#### Your goal
Search the data for "GRADING". Each line containing it is to be copied.

#### Material provided
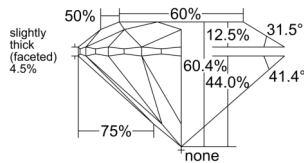

GIA®

FACSIMILE

GIA REPORT 7523908421

Verify this report at GIA.edu

GIA NATURAL DIAMOND DOSSIER®

July 24, 2025
GIA Report Number 7523908421
Shape and Cutting Style ..... Round Brilliant
Measurements ..... 5.44 - 5.47 x 3.30 mm

GRADING RESULTS

Carat Weight ..... 0.60 carat
Color Grade ..... F
Clarity Grade S11
Cut Grade ..... Excellent

ADDITIONAL GRADING INFORMATION

Polish ..... Excellent
Symmetry ..... Excellent
Fluorescence ..... None
Clarity Characteristics ..... Crystal, Cloud
Inscription(s): GIA 7523908421

PROPORTIONS

Profile to actual proportions

GRADING SCALES

GIA COLOR SCALE	GIA CLARITY SCALE	GIA CUT SCALE
D	FLAWLESS	EXCELLENT
E	INTERNALLY FLAWLESS	
F	VVS₁	VERY GOOD
G		
H	VS₁	GOOD
I		
J	SI₁	FAIR
K		
L	I₁	POOR
M		
N	I₂	
O	I₃	
P		
Q		
R		
S		
T		
U		
V		
W		
X		
Y		
Z
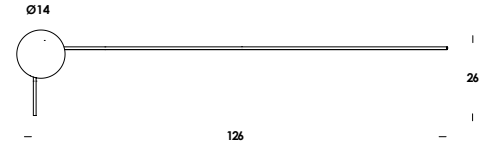

20-120/sp
rettangolo aperto - diffusore Ø14
G9 max 40w
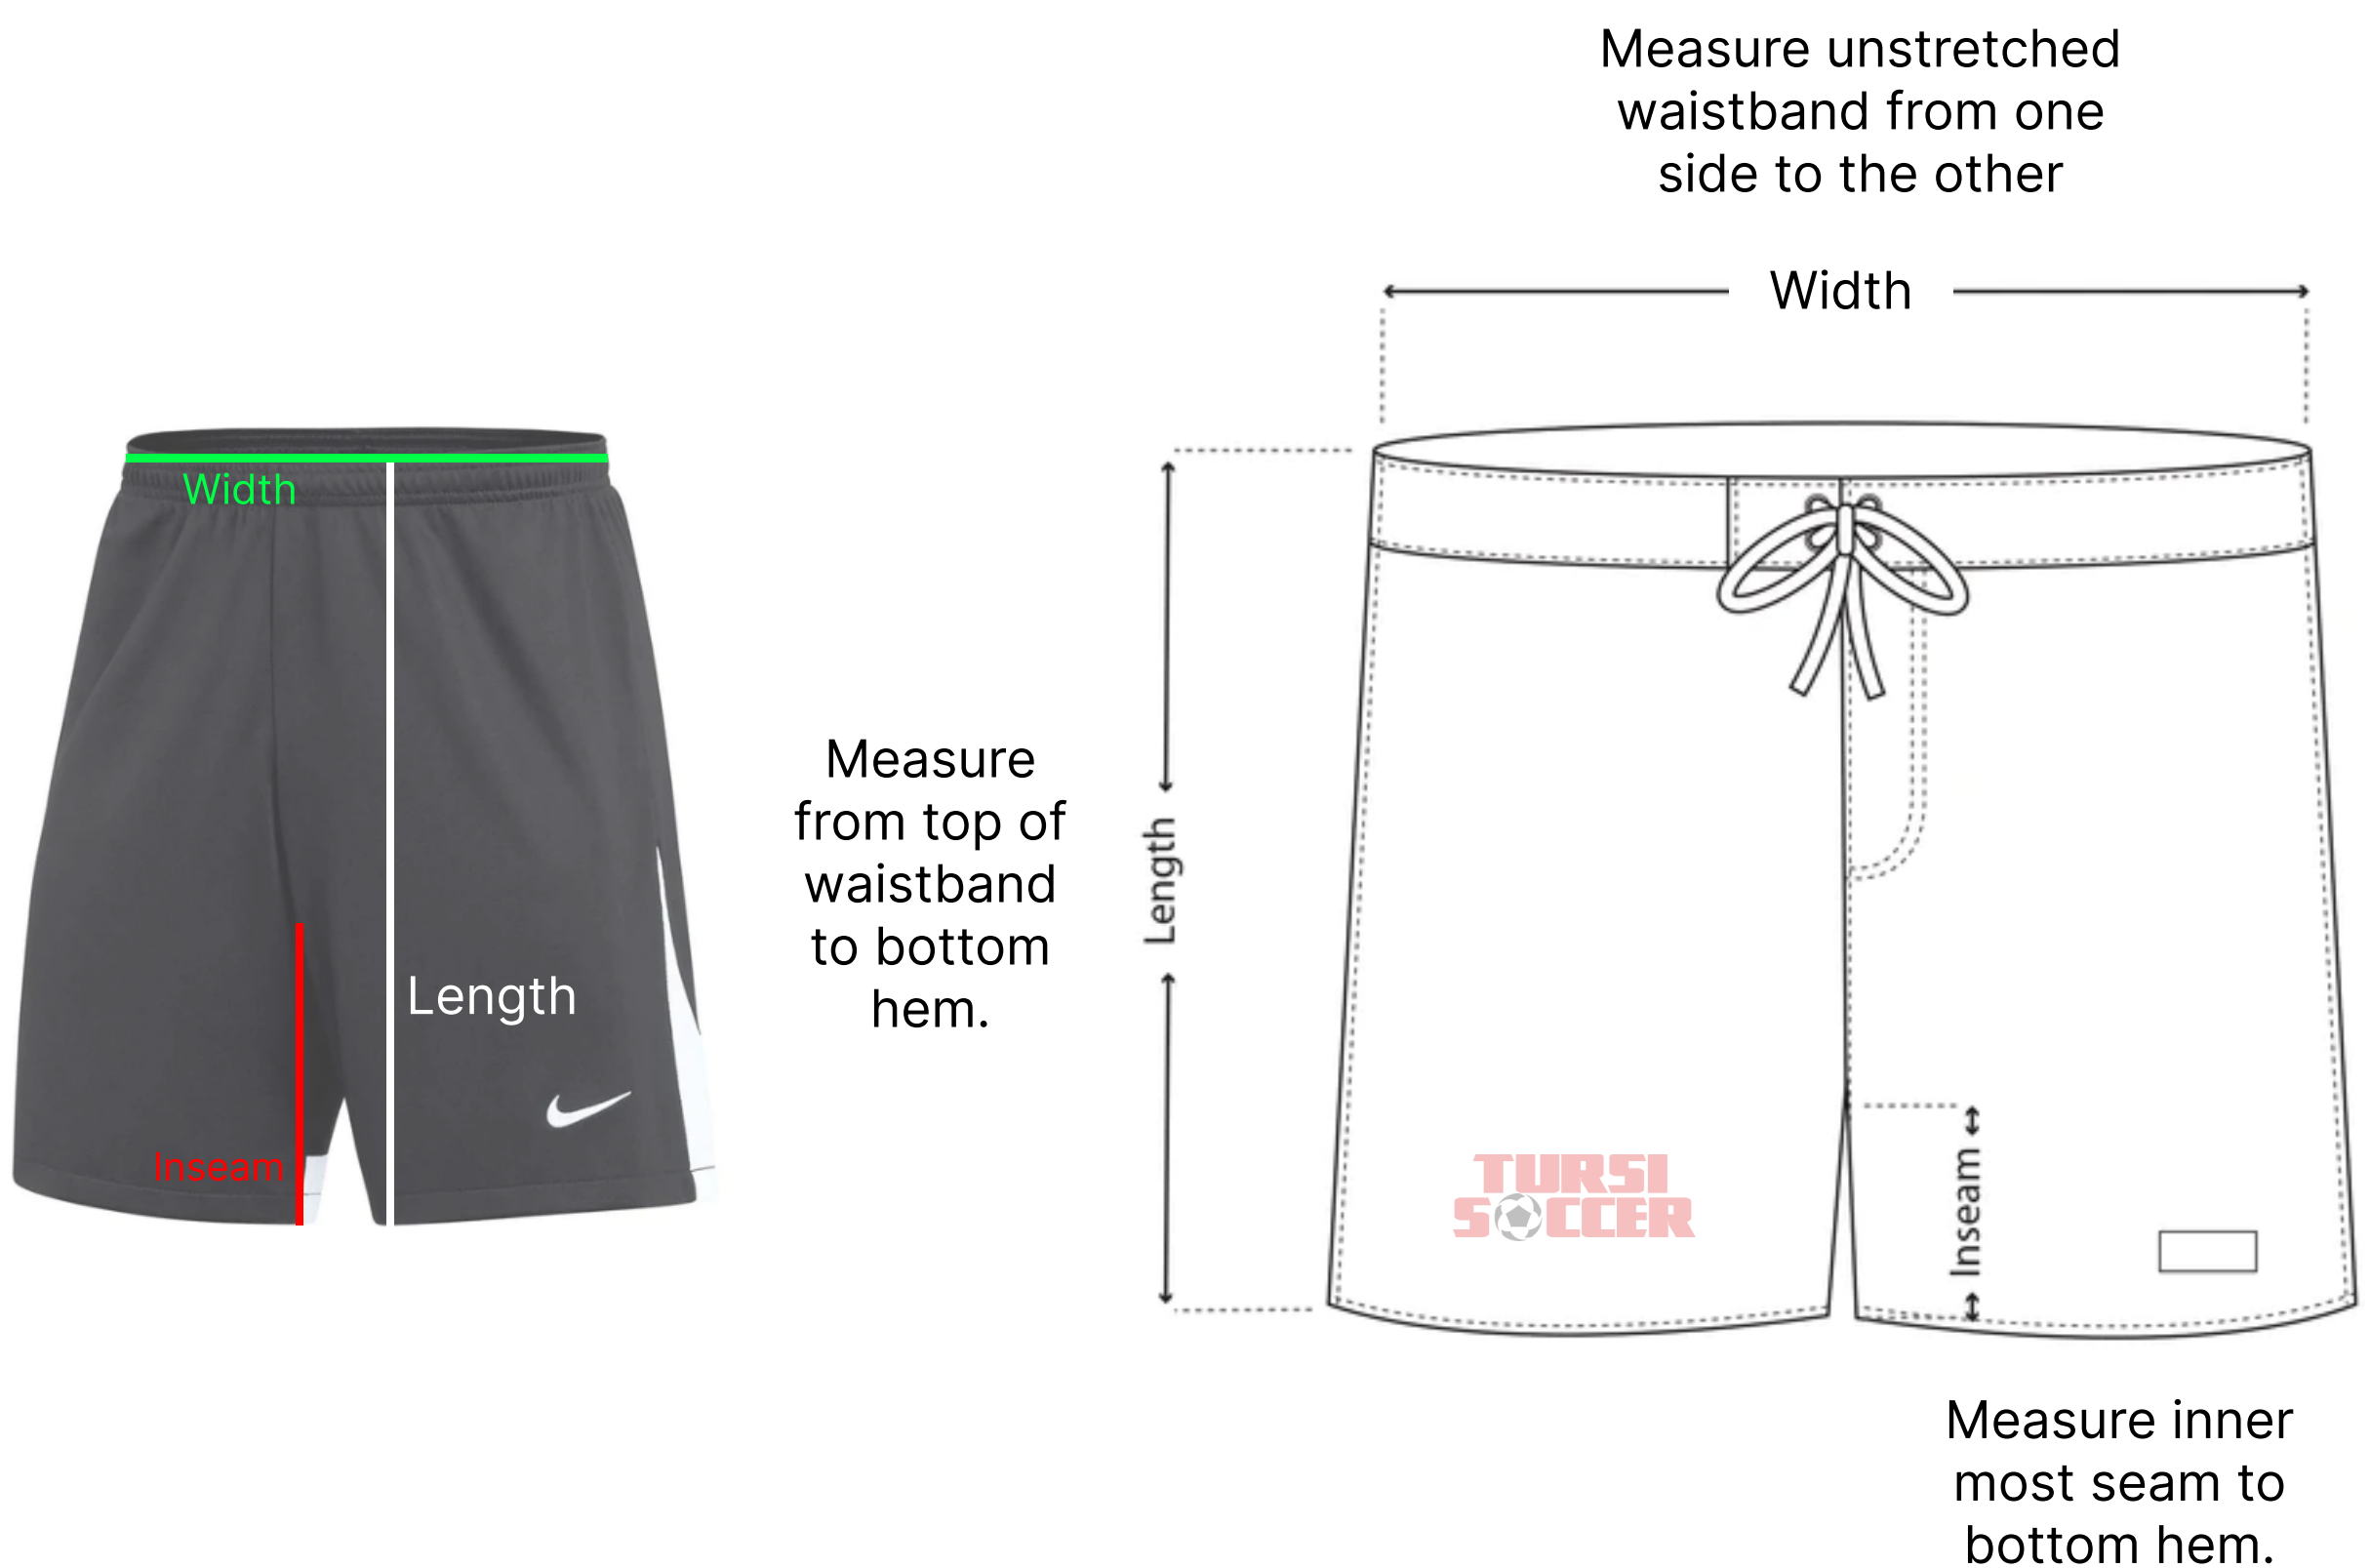

NIKE DRY CLASSIC				
Category	Size	Length	Width	Inseam
Youth	YXS	12	11	5
	YS	14	12	6
	YM	15	12	7
	YL	17	13	7
	YXL	19	13	8
Women's	WXS	13	14	4
	WS	13	14	4
	WM	15	14	4
	WL	15	15	4
	WXL	17	16	4
Men's	AXS	NA	NA	NA
	AS	17	14	8
	AM	18	15	8
	AL	18	17	8
	AXL	18	18	8

Unit: INCHES

SIZING GUIDE

*Please note that we can't exchange/switch items once customized with numbers, names or initials (Return policy: <https://tursissoccer.com/pages/refund-return-policy>). Either if you're not sure about your size or you are between two different sizes, please ask for the item without customization (number, name or initials) to be eligible for exchanges.

HOW TO MEASURE
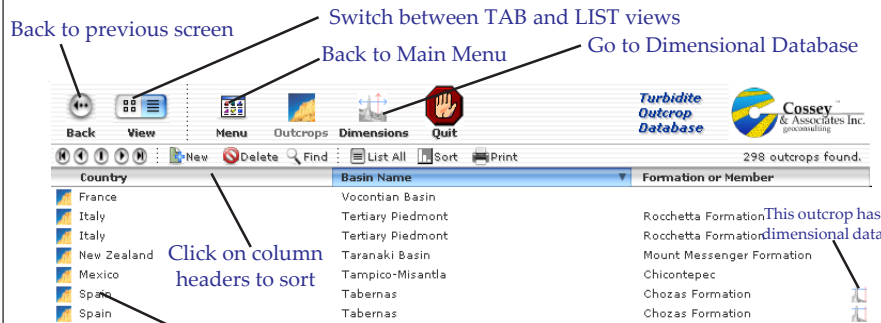

Turbidite Outcrop Database

QUICK REFERENCE GUIDE

Main Menu

To open the databases, double-click on the **GenMenu Solution.exe** file on the CD. At the main menu option the user may choose to **List** (browse) or **Search** the Outcrop or Dimensional Databases.

Database expiration date

Outcrop Database (list view)

Outcrop Database (tab view)

Dimensional Database (list view)

Dimensional Database (tab view)

Questions? Please contact:

Cossey & Associates Inc.
P.O. Box 1510
Durango, CO 81302, USA
phone/fax +1 (970) 385-4800
email: cosseygeo@aol.com
www.cosseygeo.com
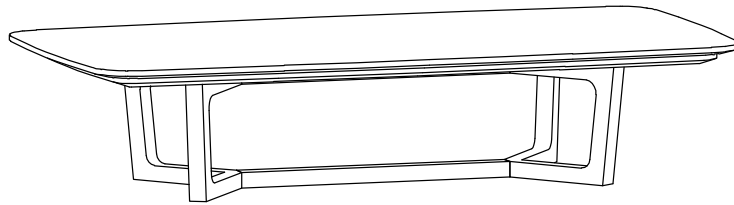

ROVECONCEPTS

Refined Luxury Living

ELEANOR COFFEE TABLE ASSEMBLY INSTRUCTIONS

HARDWARE

A

x4
M8*80

B

x4
30*15

C

x4
E15-M8

D

x10
M8-50

E

x1

F

x1
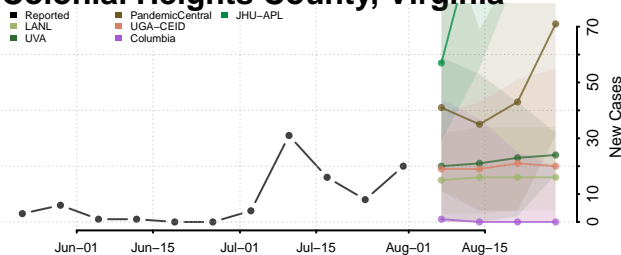

Colonial Heights County, Virginia
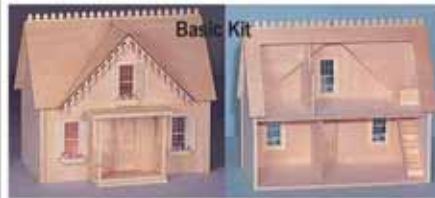

WL448 Kiwi Cottage Dollhouse Kit
22-3/4"W x 12"D x 19"H
WL448SH Kiwi Cottage Siding & Shingle Pack
WL448MM Milled MDF

The basic Kiwi Cottage Kit includes:
Gingerbread Trims, Windows, Flower Boxes & Flowers, Shutters, Door, and Interior Stairs with Raised-Panel Landing Rails!

#### Answer to the exercise
GRADING RESULTS
ADDITIONAL GRADING INFORMATION
GRADING SCALES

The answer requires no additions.